The second study examined patterns of changes in the number of gene copies in cells, one of the most common types of mutations that lead to cancer. Investigators at The Broad Institute, Cambridge, Mass., Dana-Farber Cancer Institute, Boston, and elsewhere, compiled a database of gene copy number changes across genes in 5,000 tumors and 12 cancer types. They used this database to identify 140 regions where these mutations tend to occur most often, pointing to genes in these regions that are likely to contribute to cancer formation. The scientists showed that the patterns of mutations can provide clues as to how these genes contribute to cancer. These findings clarify how cancers develop, identify genes that are particularly important in cancer initiation and may serve as effective therapeutic targets.

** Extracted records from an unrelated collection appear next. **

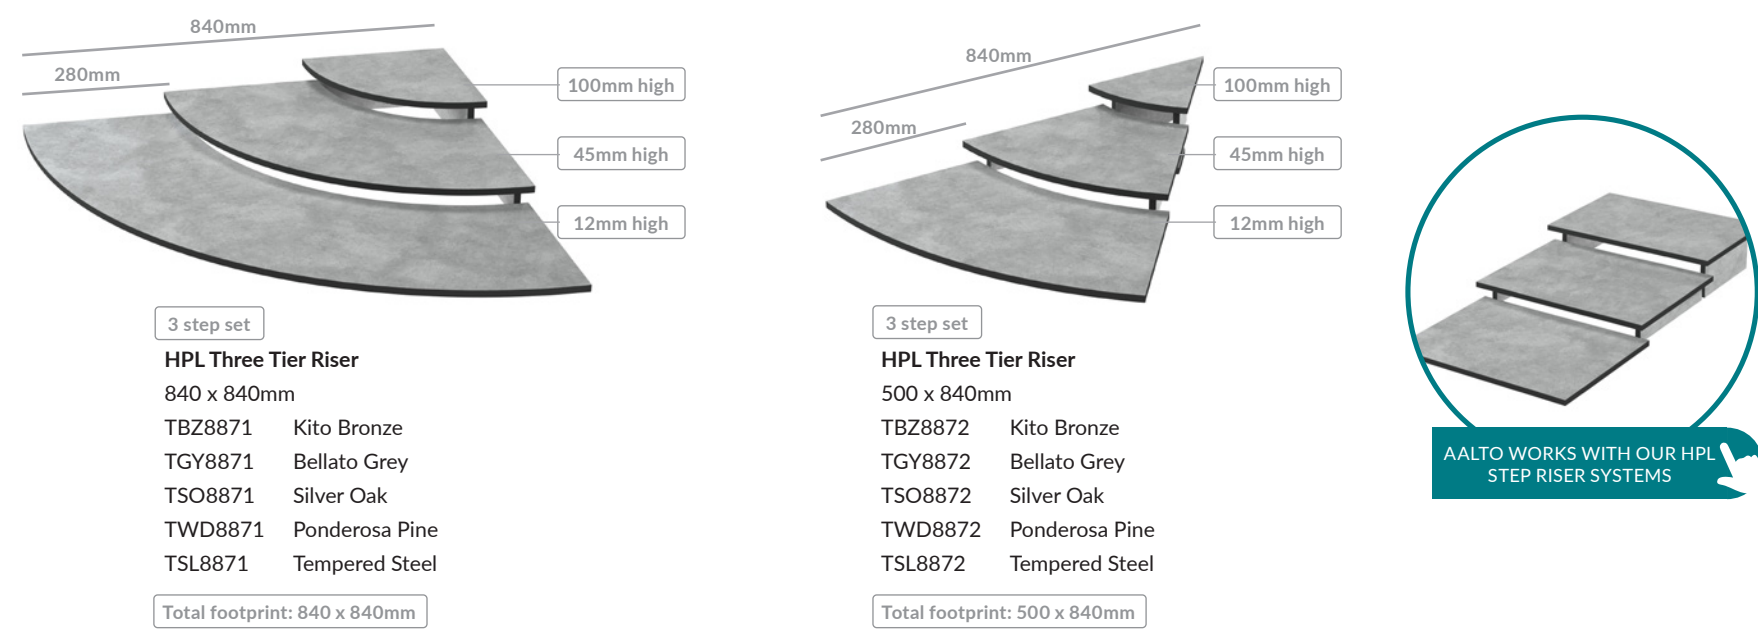

HPL THREE TIER RISERS **840**

3 step set

HPL Three Tier Riser
840 x 840mm

TBZ8871	Kito Bronze
TGY8871	Bellato Grey
TSO8871	Silver Oak
TWD8871	Ponderosa Pine
TSL8871	Tempered Steel

Total footprint: 840 x 840mm

3 step set

HPL Three Tier Riser
500 x 840mm

TBZ8872	Kito Bronze
TGY8872	Bellato Grey
TSO8872	Silver Oak
TWD8872	Ponderosa Pine
TSL8872	Tempered Steel

Total footprint: 500 x 840mm
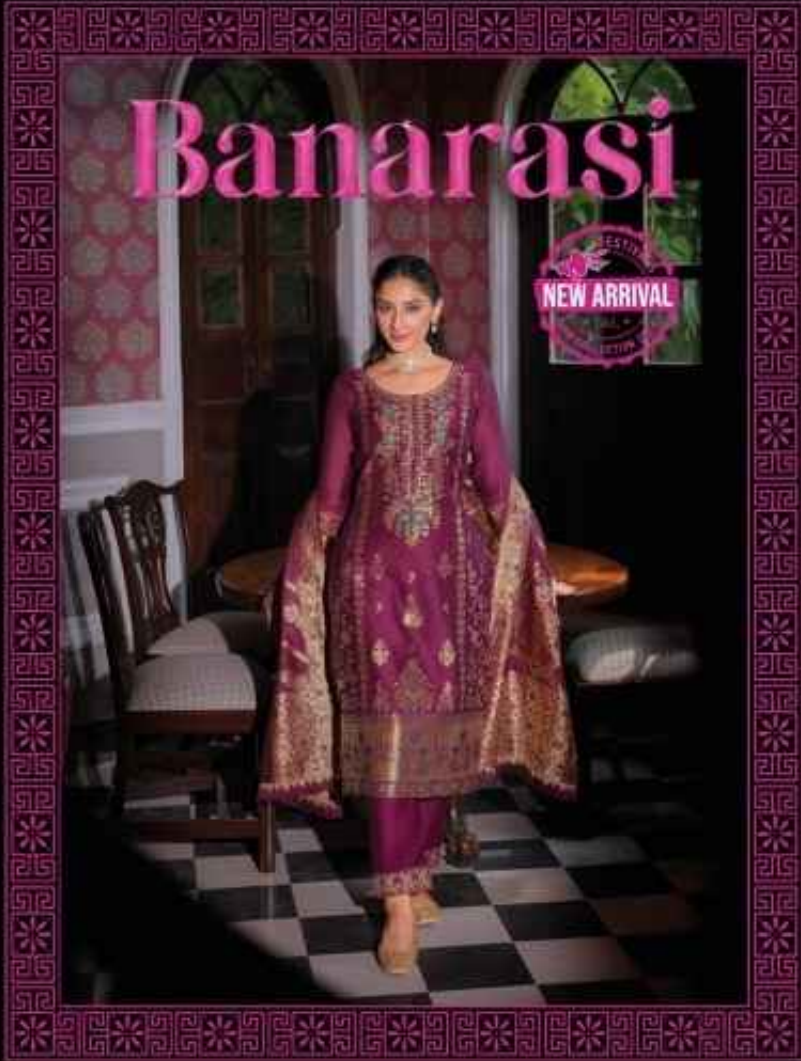

LILY&LALI®
GOLD PRIDE
A PRODUCT OF KUND GROUP

Banarasi

NEW ARRIVAL
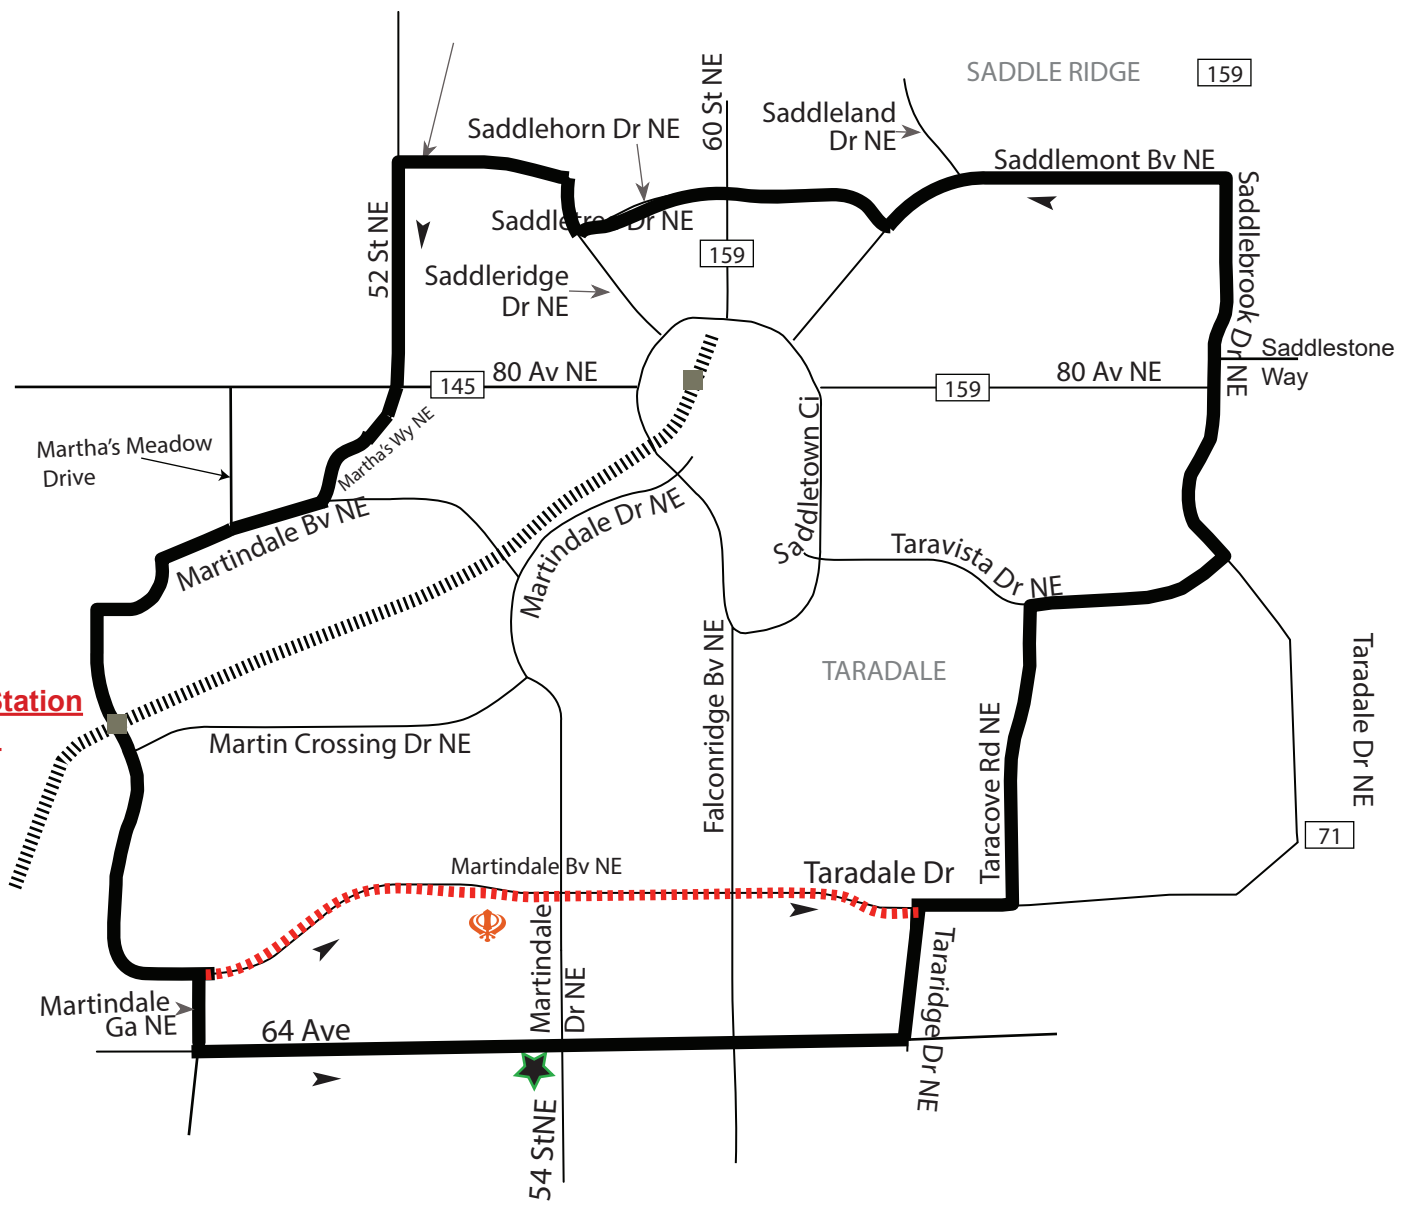

Nagar Kirtan Route 561

Pm Pick up
South on
Martindale Station
Southbound

— AM routing
- - - PM routing
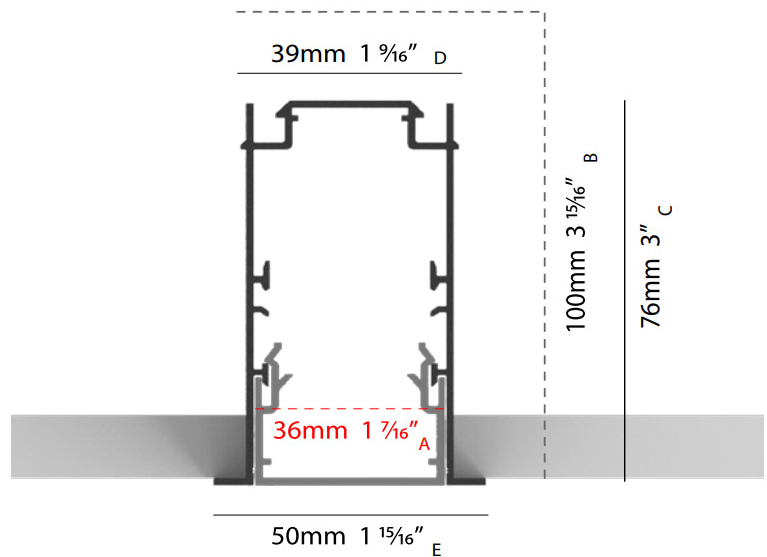

#### RATINGS AND CERTIFICATIONS

Certified By: Certified for North American Standards  
 IP rating: IP20

A: OPENING WIDTH    B: RECESS DEPTH    C: PROFILE HEIGHT  
 D: PROFILE WIDTH    E: MOUNTING INCLUDING FLANGE
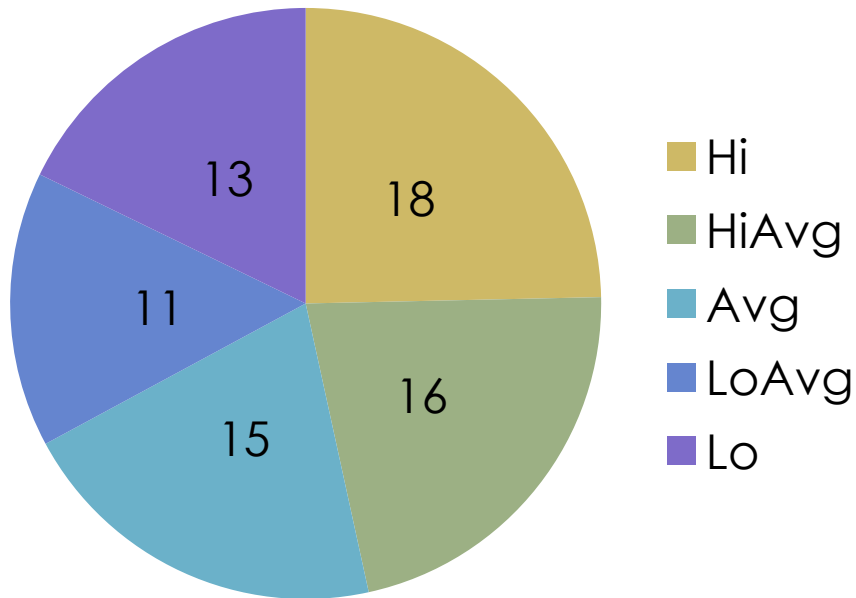

Spring 2016 NWEA DATA RESULTS

Grade 10 Science

Total Number of students tested: 73

The Pan-Cancer project also suggests directions for the future of cross-tumor analysis, several of which are highlighted in Dr. Stuart's commentary article. These may include integrating data sources to increase the power of genomic analyses, using molecular profiles to categorize cancers for making treatment decisions, figuring out if "predictive signatures" derived from genes transcend tissue types and determining whether or not comprehensive protein analyses using tools such as mass spectrometry can extend the power of genomic analyses from TCGA. The articles that comprise the first results of TCGA's Pan-Cancer research effort, along with future cross-tumor analyses and other studies, should help in the design of novel therapies and clinical trials, with the ultimate goal of improving patient care.